Python - Multiprocessing Tutorial

Python's Global Interpreter Lock prevents multiple threads from executing Python bytecode simultaneously. For I/O-bound operations, threading works fine since threads release the GIL during I/O...

Key Insights

  • Python’s multiprocessing module bypasses the Global Interpreter Lock (GIL) by spawning separate processes, enabling true parallel execution on multi-core systems for CPU-bound tasks
  • Process pools with Pool.map() and Pool.starmap() provide simple parallelization patterns, while Process objects offer fine-grained control for complex workflows
  • Shared memory objects (Value, Array, Manager) and queues enable inter-process communication, though serialization overhead makes them unsuitable for high-frequency data exchange

Understanding the GIL Problem

Python’s Global Interpreter Lock prevents multiple threads from executing Python bytecode simultaneously. For I/O-bound operations, threading works fine since threads release the GIL during I/O waits. For CPU-intensive tasks, you need multiprocessing.

import time
import threading
import multiprocessing

def cpu_intensive_task(n):
    """Simulate CPU-bound work"""
    count = 0
    for i in range(n):
        count += i ** 2
    return count

# Threading approach - limited by GIL
def test_threading():
    start = time.time()
    threads = []
    for _ in range(4):
        t = threading.Thread(target=cpu_intensive_task, args=(10_000_000,))
        t.start()
        threads.append(t)
    
    for t in threads:
        t.join()
    
    print(f"Threading: {time.time() - start:.2f}s")

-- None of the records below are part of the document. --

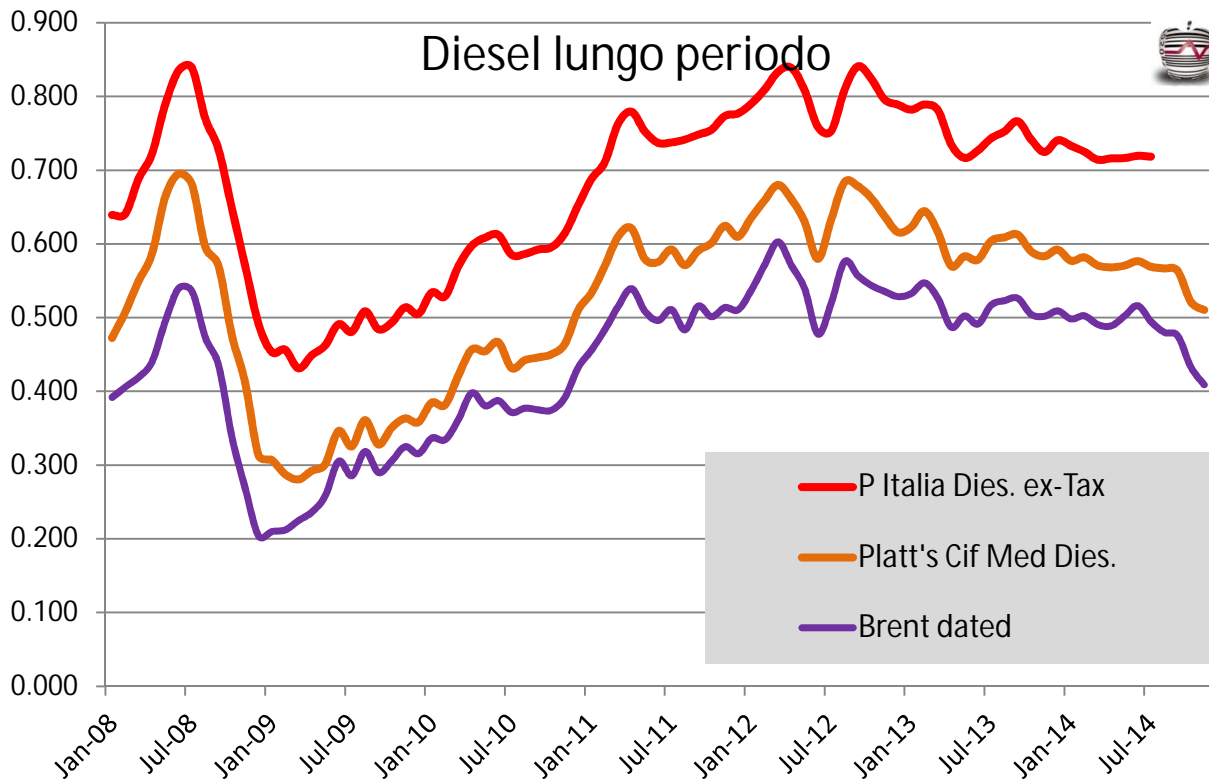

Evoluzione dei prezzi dei prodotti petroliferi per autotrazione
 anni 2008-2014 - medie mensili

GPL lungo periodo
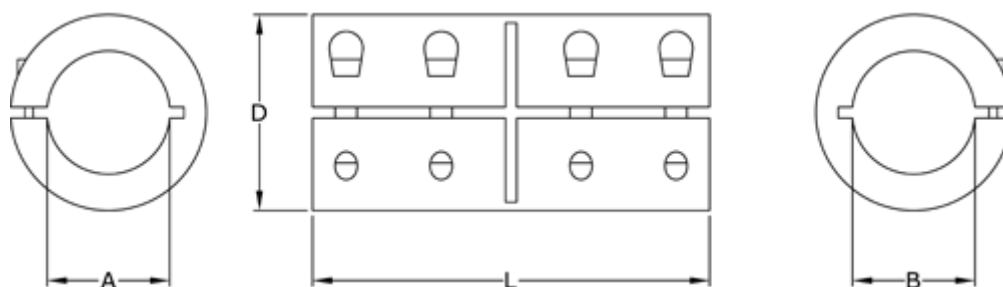

Varenummer: 3323046501050
Beskrivelse: Fast kobling str. 50 boring 50/50 mm
Slidset, Stål

Mål

A = 50
B = 50
D = 85
L = 124
Skrue = M10x25
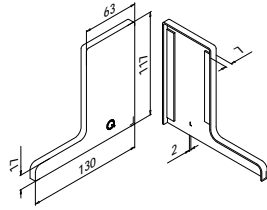

EASY GLASS® SMART F - Endstücke zur Bodenmontage

Links

# Multiprocessing approach - true parallelism
def test_multiprocessing():
    start = time.time()
    processes = []
    for _ in range(4):
        p = multiprocessing.Process(target=cpu_intensive_task, args=(10_000_000,))
        p.start()
        processes.append(p)
    
    for p in processes:
        p.join()
    
    print(f"Multiprocessing: {time.time() - start:.2f}s")

if __name__ == '__main__':
    test_threading()        # ~4.2s on quad-core
    test_multiprocessing()  # ~1.1s on quad-core

Process Pools for Simple Parallelization

Process pools abstract away process management. Use Pool.map() when you have a function and an iterable of arguments.

from multiprocessing import Pool
import time

def process_data(item):
    """Process a single item"""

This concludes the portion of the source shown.